Specifically, trimethylolpropan triacrylate, pentaerythritol triacrylate, pentaerythritol tetraacrylate, dipentaerythritol monohydroxypentaacrylate, dipentaerythritol hexaacrylate or 1,4-butylene glycol diacrylate, 1,6-hexanediol. Diacrylate, polyethylene glycol diacrylate, commercially available oligoester acrylate and the like are used.

As the photopolymerization initiator, the photopolymerization initiator described in JP-A-2007-146104 or JP-A-2004-186429 can be used. Isopropylbenzoin ether, isobutylbenzoin ether, benzophenone, Michler's ketone, chlorothioxanthone, benzylmethyl ketal, α-hydroxycyclohexylphenylketone, 2-hydroxymethylphenylpropane and the like can be used in combination.

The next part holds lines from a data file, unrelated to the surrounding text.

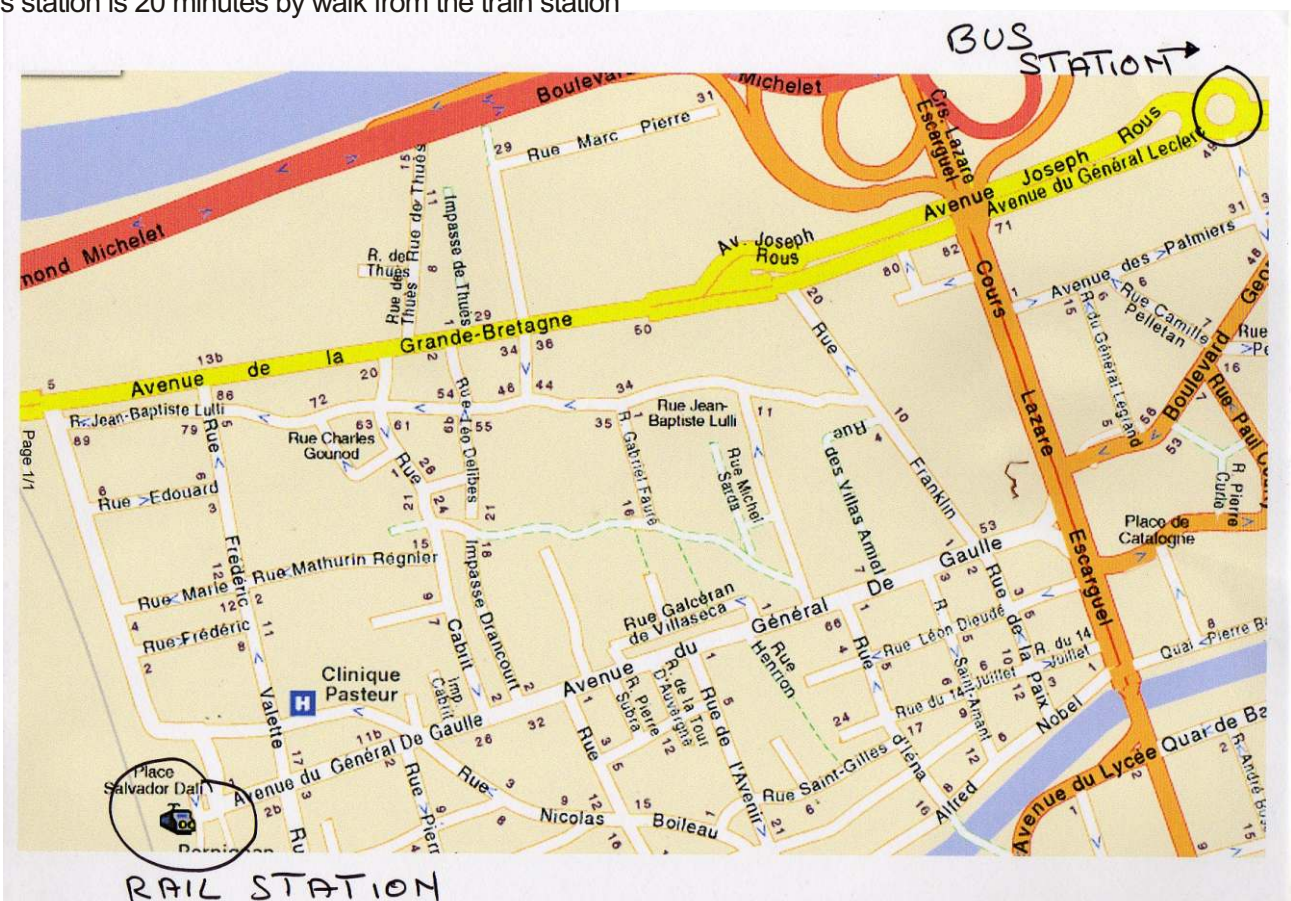

Air company Ryanair:
www.ryanair.com

By Train:

From Barcelona & Gerona (Spain)

There is train lines from Barcelona & Girona to Perpignan.
Some of them are direct lines. But there are also train lines to Cerbere.
City on the French border with Spain from where you can continue your trip to Perpignan.
Train lines to Cerbere and from Cerbere to Perpignan are more often.

From Perpignan (France)

There is Public BUS who can bring you to Saint Paul de Fenouillet,
which is a closest city to Cubieres sur Cinoble (Party Location).

If you come by train to Perpignan:

Bus station is 20 minutes by walk from the train station

BUS timetable from Perpignan to Saint Paul de Fenouillet and back.
BUS is running from Monday to Sunday.

By Car & Vans (Road):

Final Destination: Cubieres sur Cinoble 11190

If coming from Perpignan take direction to Maury than follow signs to Cubieres sur Cinoble 11190

PLEASE if you are coming from direction Perpignan on Maury turn on the way to Cucugnan.
PLEASE don't pass the way to Saint Paul de Fenouillet.

Imprimer | Envoyer cette carte par e-mail

Utiliser cette carte par défaut | Créer un lien vers cette carte

As the pressure-sensitive adhesive layer 4, a photopolymerizable pressure-sensitive adhesive comprising a polymer having a photopolymerizable carbon-carbon double bond in the polymer, a photopolymerization initiator, and a resin composition containing a curing agent can be used. it can. The polymer having a carbon-carbon double bond in the polymer is a single amount such as a (meth) acrylic acid ester having an alkyl group having 4 to 12 carbon atoms, more preferably 8 carbon atoms in the side chain. A (meth) acrylic polymer obtained by homopolymerizing or copolymerizing one or more of the body and the copolymerizable modified monomer by an arbitrary method is preferable.

In addition, the pressure-sensitive adhesive composition constituting the pressure-sensitive adhesive layer 4 can be blended with a tackifier, a pressure-sensitive adhesive, a surfactant, or the like, or other modifiers, if necessary. Moreover, you may add an inorganic compound filler as appropriate.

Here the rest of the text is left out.